30 April, 2009

Beware of Panic Fatigue

The swine flu scare has already caused a pandemic of idiotic scaremongering masquerading as news. While the news networks have very little to say and an awful lot of time to say it in, I think the worst effort I've seen so far was tonight where A Current Affair had a live cross to a house in New Zealand where three people suspected of being infected were interviewed while leaning out a second storey window, with the sound man standing on the ground holding the boom mic up to them and the cameraman zooming in from a safe distance. It sounded like even Tracey Grimshaw had to stifle a few giggles at the stupidity of it all.

The biggest problem with all the media beat-ups is that it provokes a backlash not against those who are whipping up a frenzy for the sake of ratings, but against the issue itself and those trying to talk sense about it. Since the people endlessly speculating on whether it could be the new plague or bioterrorism are clearly idiots, that means there's nothing to worry about, right?
This kind of thinking is just as dangerous as the scaremongering.

Then there are those who will instantly cite the issue as proof of their own political hobby-horse. For instance, it can't just be a coincidence that this came in the same week that a 747 made a low, unannounced flight over New York, terrorising the locals and Dick Cheney has been on TV trying to scare the shit out of people, right? Right? No, it's all the fault of illegal immigrants. Ho-hum.

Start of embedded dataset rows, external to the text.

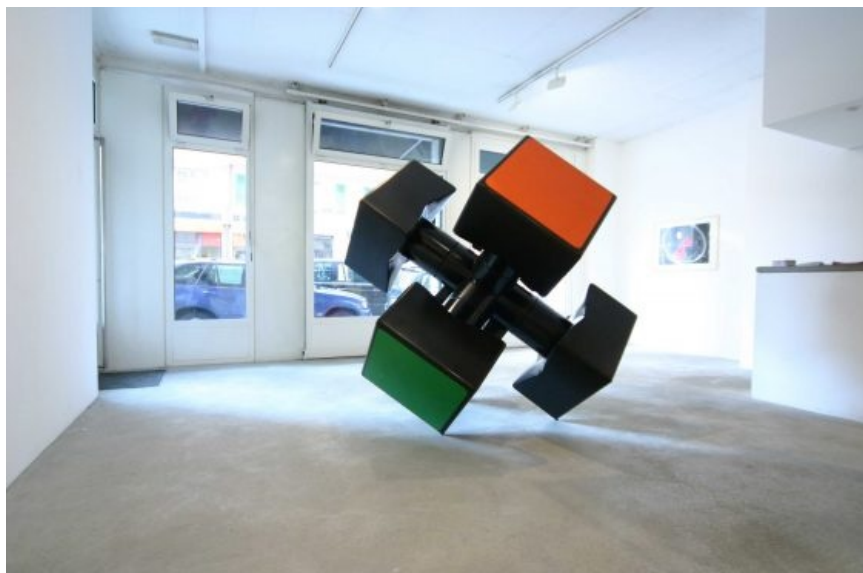

VINCENT KOHLER

Rubix

Sculpture, 2006

Résine

Dimensions – 180 x 180 x 180 cm
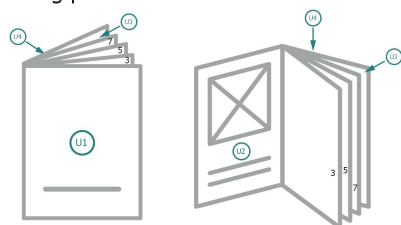

färdig produkt
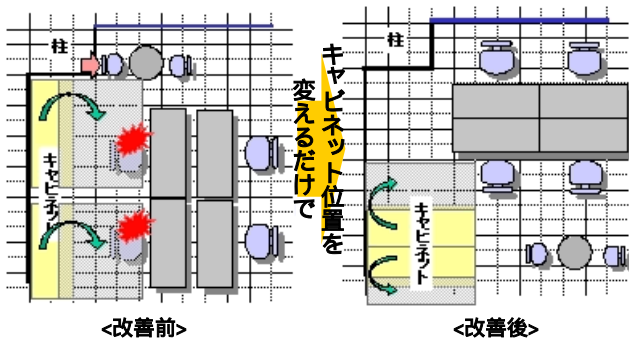

御社では、以下のような対策はされていますか？

地震が起きたら、キャビネットが倒れてきませんか？
キャビネットが倒れても大丈夫ですか？

「ちょっとしたレイアウトの変更でリスクは回避」
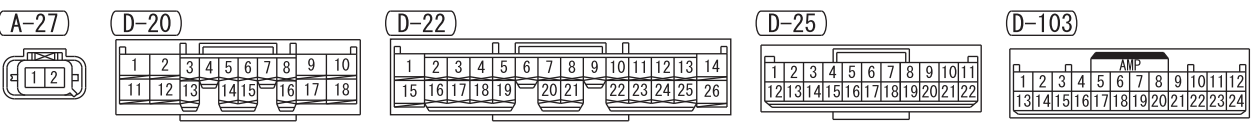

- A/C-ECU
- COLUMN SWITCH
- ETACS-ECU
- HAZARD INDICATOR ASSEMBLY
- SELECTOR LEVER ASSEMBLY
- STEERING WHEEL SENSOR
- TRANSFER-ECU

Wire colour code  
B : Black LG : Light green G : Green L : Blue W : White Y : Yellow SB : Sky blue BR : Brown  
O : Orange GR : Grey R : Red P : Pink V : Violet PU : Purple SI : Silver BE : Beige
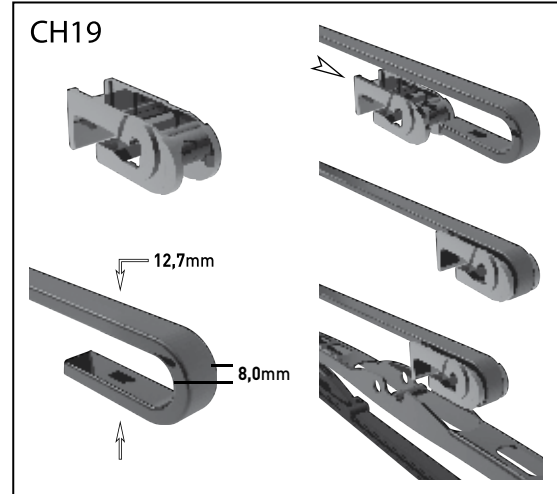

D

G

K

STANDARD BLADES	
METAL BLADES	
OLD	NEW
MC60	A61
MC61	A61
T65H01	T65H01
T70H01	T70H01
X26	A29
X29	A29
X33	A33
X36	A36
X38	A38
X41	A41
X41S	A41
X43	A43
X45	A45
X45S	A45
X45W	AW45
X48	A48
X48C	A48
X48F	A48
X51	A51
X51S	A51
X53	A53
X53C	A53
X53W	N/A
X55	A55
X55W	AW55
X58	A58
X60	A60
X60W	AW60
X65	A65
X65W	AW65
X70	A70
XS48	A45
SPOILER BLADES	
OLD	NEW
SX45	AS45
SX48	AS48
SX51	AS51
SX53	AS53
SX55	AS55
SX60	AS60
SX65	AS65
SX70	AS70
METAL BLADE KITS (x2)	
OLD	NEW
K48B	N/A
K53	A5050
K53B	N/A
K55C	N/A
K58D	N/A
K58E	N/A
K58G	A5841
K58H	A5841
K60	AW6060
K60A	N/A
K60B	N/A
K60D	A6051

I've already read of the threat being compared to the Y2K bug in terms of it being a fizzer. It's almost as if people are disappointed when a threat doesn't eventuate. But the reason Y2K was a “fizzer” and didn't plunge us back into the dark ages is because we took the threat seriously and prepared for it so that when the clocks ticked over, the worst that happened was a few strange late fees at video libraries. People seem to take that good outcome to mean we were worried about nothing. We were not. We dealt with it.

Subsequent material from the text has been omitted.